その後、アップデートを実行すると、90MB近くのアップデートがありました。
これは再起動を求められます。

●設定

今回、目立った機能追加はありません。
どちらかというと、「改良」という部分が多いように見受けられます。
で、設定画面を表示させて真っ先に気を引いたのが「スマート定義」という設定です。
これはヘルプを見る限り、「重大な脅威の定義ファイルだけを利用する」というもののようです。つまり、全部の定義ファイルではなく、一部の定義ファイルを使うことにより、効率的かつ高速に保護しようという狙いのようですが、これをオフにしていても大して重くないため、この設定はオフにする(=全部の定義ファイルを利用する)ほうが無難かと思います。
ノートパソコンなど、比較的低スペックなPCで、あまりにも重いという場合はオンにすると良いでしょう。

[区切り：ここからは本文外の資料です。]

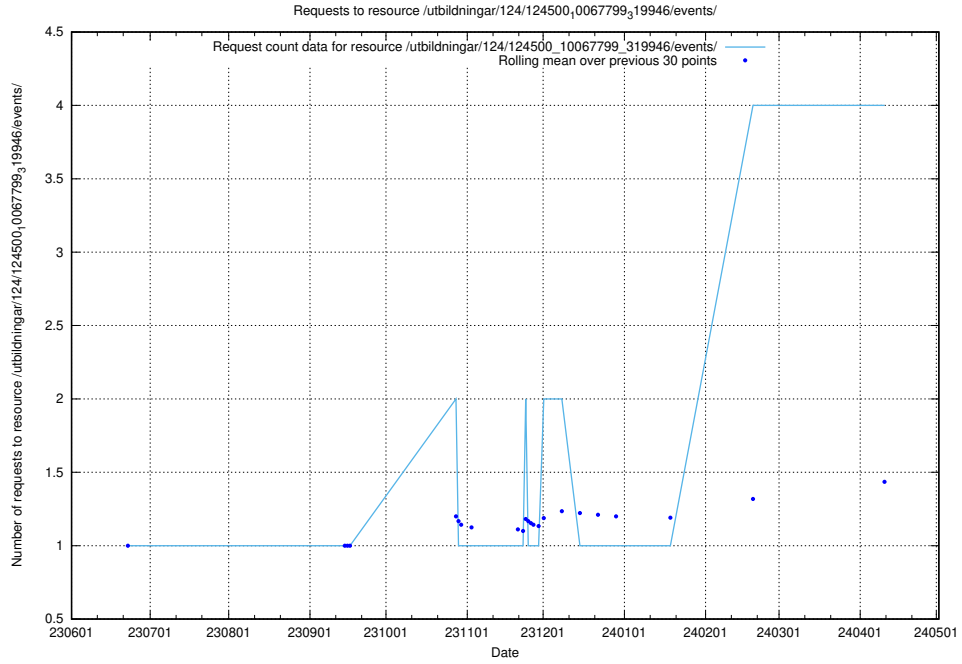

5.219 Usage of /utbildningar/124/124500_10067799_319946/events/

Here, we count the number of requests to resource /utbildningar/124/124500_10067799_319946/events/

また、SONAR保護の除外機能が搭載されたという点も重要です。
以前までは、たとえばマイナーなフリーソフトや、バージョンアップしたソフトなどは、安全なソフトであってもSONARで引っかかることが多々ありました。
しかし、今回除外機能が搭載されたことで、これらをあらかじめ除外することが可能になります。
ただ、「除外」できるというだけで、2011版でも、マイナーなソフトなどは相変わらずSONARに引っかかります。

SONARで引っかかると、「問答無用で削除される」というのがいただけないですね。
これを削除しないようにする設定はありません。SONARにひっかかったら、一度勝手に削除された後、手動で復元するしかないのです。

この点さえ改良されれば非常によいソフトウェアだと思うだけに、残念です。
ただ、除外機能がついたというのは大きな一歩でしょう。今後のバージョンアップ等に期待したいですね。

●フィッシング対策の大幅強化

これはある意味で重大な問題です。
2010版までは、悪質なサイトは警告を表示するだけでしたが、今回のバージョンからは遮断するようになっています。
また、これはあらかじめ除外リストを作成するというようなことは不可能で、一度遮断されてからの除外追加となります。また、シマンテック社の有害サイトのデータベースは非常に信頼が置けません。
以前も、幾度となく安全なサイトがフィッシングサイトとして判定されたことがあり、今回の大幅強化によってネットサーフィンがスムーズにできなくなるという可能性があります。

この辺は、以前のまま警告だけで済ますようにとどめておくか、少なくともユーザーが選択できるようにするべきだと思いますね。

●総評

2011版は、2010版を煮詰めたというか、Windows VistaとWindows 7のような関係にあると思えます。
重大な機能追加はありません。ほとんどが、「強化・拡張」というニュアンスです。
動作速度も2010とほとんど変化がありません。体感的に若干速くなったような気がしますが、正確なデータがないため主観でしかありません。

また、Norton製品で問題なのが、「何でもNortonがやるぞ!」という感じのソフトウェアだと言うことです。
よく言えば、脅威をほぼすべて遮断してくれる頼もしいソフト、悪く言えば、パソコンをNortonによって支配される、ということです。
すくなくとも、何か検出したときはユーザーの選択を仰ぐ、もしくはそのように設定できるようにすべきです。この辺は2010版から全然進歩していないな、という感じがします。

まぁ、何はともあれ、今現在2010版を使っている人は、アップグレードして差し支えないでしょう。
とくに目立った不具合もないようですし、重さも大して変わっていません。潜在的な問題点はありますが、それは2010と変わりませんので、躊躇することはないと思います。